ICTs and connectivity may also change the dynamics of the conditions for duress. In conflicts, rebels and governments/the military are profiting from the new possibilities for communicating in organizations and in information. The diaspora is gaining a new role in Africa’s wars, and conflict and practices of repression are undergoing considerable transformation. Efficiency, increasing bodies of information and the in- and/or exclusion of people from a wide geographical space are some core elements to be considered here. It is clear that these are progressively evolving developments that need a specific ethnographic understanding.S1240004(1)
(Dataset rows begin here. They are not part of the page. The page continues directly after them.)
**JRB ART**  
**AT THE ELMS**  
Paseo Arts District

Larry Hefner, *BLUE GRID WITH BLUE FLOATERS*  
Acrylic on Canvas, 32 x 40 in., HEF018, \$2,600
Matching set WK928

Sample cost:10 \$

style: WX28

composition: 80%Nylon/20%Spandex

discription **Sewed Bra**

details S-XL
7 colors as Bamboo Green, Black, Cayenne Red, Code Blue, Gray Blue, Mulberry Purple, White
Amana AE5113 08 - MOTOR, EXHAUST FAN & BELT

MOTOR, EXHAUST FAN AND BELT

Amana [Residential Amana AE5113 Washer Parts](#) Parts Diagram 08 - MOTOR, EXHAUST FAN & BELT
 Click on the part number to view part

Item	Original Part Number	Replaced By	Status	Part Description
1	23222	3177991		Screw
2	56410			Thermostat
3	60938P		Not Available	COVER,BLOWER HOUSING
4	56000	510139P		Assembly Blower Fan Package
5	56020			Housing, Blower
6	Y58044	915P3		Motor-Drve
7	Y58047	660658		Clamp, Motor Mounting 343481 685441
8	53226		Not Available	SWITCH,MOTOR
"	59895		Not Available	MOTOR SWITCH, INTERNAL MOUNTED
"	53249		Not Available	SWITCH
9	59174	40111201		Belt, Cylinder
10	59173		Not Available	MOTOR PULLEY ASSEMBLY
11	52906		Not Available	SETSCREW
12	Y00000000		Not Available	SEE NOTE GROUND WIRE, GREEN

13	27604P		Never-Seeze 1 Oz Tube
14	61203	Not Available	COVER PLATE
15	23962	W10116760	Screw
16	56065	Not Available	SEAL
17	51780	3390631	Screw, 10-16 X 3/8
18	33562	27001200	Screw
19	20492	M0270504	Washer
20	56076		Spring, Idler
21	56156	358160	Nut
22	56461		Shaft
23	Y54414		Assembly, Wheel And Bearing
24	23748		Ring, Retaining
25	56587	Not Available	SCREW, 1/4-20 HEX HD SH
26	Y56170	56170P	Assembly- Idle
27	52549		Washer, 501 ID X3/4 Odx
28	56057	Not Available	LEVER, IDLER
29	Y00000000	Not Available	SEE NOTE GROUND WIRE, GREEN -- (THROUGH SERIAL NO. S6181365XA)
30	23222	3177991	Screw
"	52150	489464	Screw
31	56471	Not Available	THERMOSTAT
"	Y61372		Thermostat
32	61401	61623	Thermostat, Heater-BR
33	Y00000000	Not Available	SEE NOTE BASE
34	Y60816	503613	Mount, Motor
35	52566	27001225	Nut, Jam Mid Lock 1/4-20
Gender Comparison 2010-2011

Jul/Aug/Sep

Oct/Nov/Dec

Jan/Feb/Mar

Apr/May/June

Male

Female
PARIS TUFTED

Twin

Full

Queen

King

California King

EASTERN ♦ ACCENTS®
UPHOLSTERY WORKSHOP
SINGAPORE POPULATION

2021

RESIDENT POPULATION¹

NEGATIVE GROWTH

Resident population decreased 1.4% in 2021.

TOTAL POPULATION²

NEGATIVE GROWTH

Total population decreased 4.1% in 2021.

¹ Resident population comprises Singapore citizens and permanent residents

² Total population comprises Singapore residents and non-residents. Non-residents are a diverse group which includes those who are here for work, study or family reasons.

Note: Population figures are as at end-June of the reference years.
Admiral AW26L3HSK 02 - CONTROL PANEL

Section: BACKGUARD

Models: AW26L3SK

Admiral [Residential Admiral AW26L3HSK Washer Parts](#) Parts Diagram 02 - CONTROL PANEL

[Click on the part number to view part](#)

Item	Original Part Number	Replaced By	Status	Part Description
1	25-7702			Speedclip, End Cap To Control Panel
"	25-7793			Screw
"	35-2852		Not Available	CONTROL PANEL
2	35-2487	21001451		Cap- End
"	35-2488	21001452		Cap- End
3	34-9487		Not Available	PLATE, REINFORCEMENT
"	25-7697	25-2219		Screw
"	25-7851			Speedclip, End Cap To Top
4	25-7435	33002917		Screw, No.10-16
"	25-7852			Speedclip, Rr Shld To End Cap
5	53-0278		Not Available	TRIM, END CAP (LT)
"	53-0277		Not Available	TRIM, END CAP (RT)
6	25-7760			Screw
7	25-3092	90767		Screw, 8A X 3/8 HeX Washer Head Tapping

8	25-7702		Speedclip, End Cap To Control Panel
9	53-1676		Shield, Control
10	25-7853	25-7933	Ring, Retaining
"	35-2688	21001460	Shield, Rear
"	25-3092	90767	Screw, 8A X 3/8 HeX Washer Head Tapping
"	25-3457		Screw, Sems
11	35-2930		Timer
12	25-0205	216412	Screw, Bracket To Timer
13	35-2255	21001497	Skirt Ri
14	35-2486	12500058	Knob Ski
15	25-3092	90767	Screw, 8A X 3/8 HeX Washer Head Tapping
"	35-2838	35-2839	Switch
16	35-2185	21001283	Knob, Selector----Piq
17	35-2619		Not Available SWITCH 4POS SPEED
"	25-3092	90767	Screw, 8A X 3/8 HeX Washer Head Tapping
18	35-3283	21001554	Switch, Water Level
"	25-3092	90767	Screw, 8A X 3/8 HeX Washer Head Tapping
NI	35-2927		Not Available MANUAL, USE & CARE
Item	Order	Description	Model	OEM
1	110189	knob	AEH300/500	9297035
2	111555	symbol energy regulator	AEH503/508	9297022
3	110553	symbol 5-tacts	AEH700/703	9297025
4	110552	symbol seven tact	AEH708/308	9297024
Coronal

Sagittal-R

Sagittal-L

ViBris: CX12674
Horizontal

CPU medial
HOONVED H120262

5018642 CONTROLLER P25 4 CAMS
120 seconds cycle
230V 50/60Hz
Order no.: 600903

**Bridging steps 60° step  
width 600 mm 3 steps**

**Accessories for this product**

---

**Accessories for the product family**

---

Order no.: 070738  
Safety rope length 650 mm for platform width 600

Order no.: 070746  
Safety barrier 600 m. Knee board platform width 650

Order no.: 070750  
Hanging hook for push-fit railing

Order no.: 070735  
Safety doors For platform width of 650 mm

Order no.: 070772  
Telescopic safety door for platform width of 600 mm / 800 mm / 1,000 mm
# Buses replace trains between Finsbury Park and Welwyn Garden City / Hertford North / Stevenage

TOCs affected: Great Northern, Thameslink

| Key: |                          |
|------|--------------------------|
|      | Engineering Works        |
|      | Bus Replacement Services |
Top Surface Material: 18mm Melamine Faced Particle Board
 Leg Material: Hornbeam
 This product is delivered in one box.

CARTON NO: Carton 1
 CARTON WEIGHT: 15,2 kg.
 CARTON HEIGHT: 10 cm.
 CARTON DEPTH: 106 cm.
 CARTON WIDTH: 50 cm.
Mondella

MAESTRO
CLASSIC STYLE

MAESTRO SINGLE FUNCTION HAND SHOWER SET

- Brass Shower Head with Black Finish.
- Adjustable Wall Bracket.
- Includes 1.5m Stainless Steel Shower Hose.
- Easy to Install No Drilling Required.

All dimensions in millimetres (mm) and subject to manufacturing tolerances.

Such subtle dialectic dynamics of change or reorganization can only be understood with diachronic ethnographic research that results in biographies of individuals, social groups and institutions. The principal actors in our research are the young people who have been at the forefront of the process of (non)appropriation of ICTs in their lives. What will their (dis)connected actions be in reaction to the politically oppressive or violent systems they are increasingly becoming aware off? In this program, we are combining different methods: (alternative) archives, digital methods, visuals, intensive collaboration, interviews and ethnography.

The research program is still in its early stages: PhD and MA projects have been set up and the students are working in their respective regions. For more information on these, go to: www.connecting-in-times-of-duress.nl

 

Mirjam de Bruijn, Leiden University (m.e.de.bruijn@hum.leidenuniv.nl)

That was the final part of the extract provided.